The East Village, bundled neatly between Greenwich and Gramercy, is home to such mini-neighborhoods as Alphabet City (think Prince) and The Bowery (think Joan Baez). It’s the birthplace of the New York punk rock scene, the base for the beatnik movement, and the site of many historical protests and riots. As I ambled along the narrow tree-lined streets with storefronts boasting hand-painted signs from generations past, I came upon a pink building. Not just pink, but cotton candy pink. I felt like Hansel and Gretel must have felt as they emerged from the woods to find the witch’s gingerbread house. It was a record store, simply called Good Records.
I expected an over-the-top queen sashaying across leopard print rugs, boas draped across bejeweled lamp shades. What greeted me instead was a very tasteful, high-end boutique record store filled with not just good records, but very, very good records. I knew that I had stumbled into the collector’s corner of vinyl.

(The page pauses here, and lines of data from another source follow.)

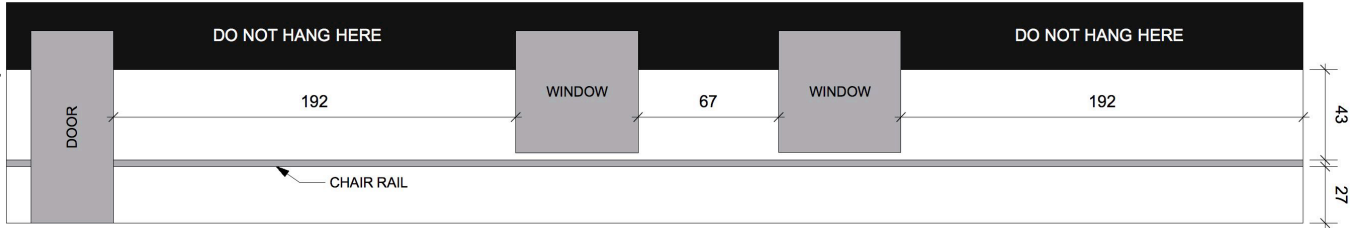

EXHIBITION LOCATIONS

FLAGG BASEMENT EXHIBITION SPACES

White Halls

White Halls is to be used primarily for curricular exhibitions. If there is a gap in the schedule, a student can request to create an installation but cannot damage the walls.

Measurements (inches):

NOTE: White space is where your work goes.

East wall

West wall

*During **NEXT**, all of the aforementioned spaces can and will be used for the annual thesis exhibition.

The walls were neatly lined with rare, obscure and weird artifacts; from a double vinyl, single-sided test pressing of the first Led Zeppelin album to a 12-inch Public Enemy record. Then I saw the bargain bins underneath, where everything was a buck. And they were very, very good as well. Simply put, no crap here… Billie Holiday, The Beatles, Radiohead.
Glancing up, there was an Afrika Bambaataa vinyl on the wall, and I was immediately transported back to the 80s, to the punk revolution and to “speak about destruction, speak about destruction, the human race is becoming a disgrace.”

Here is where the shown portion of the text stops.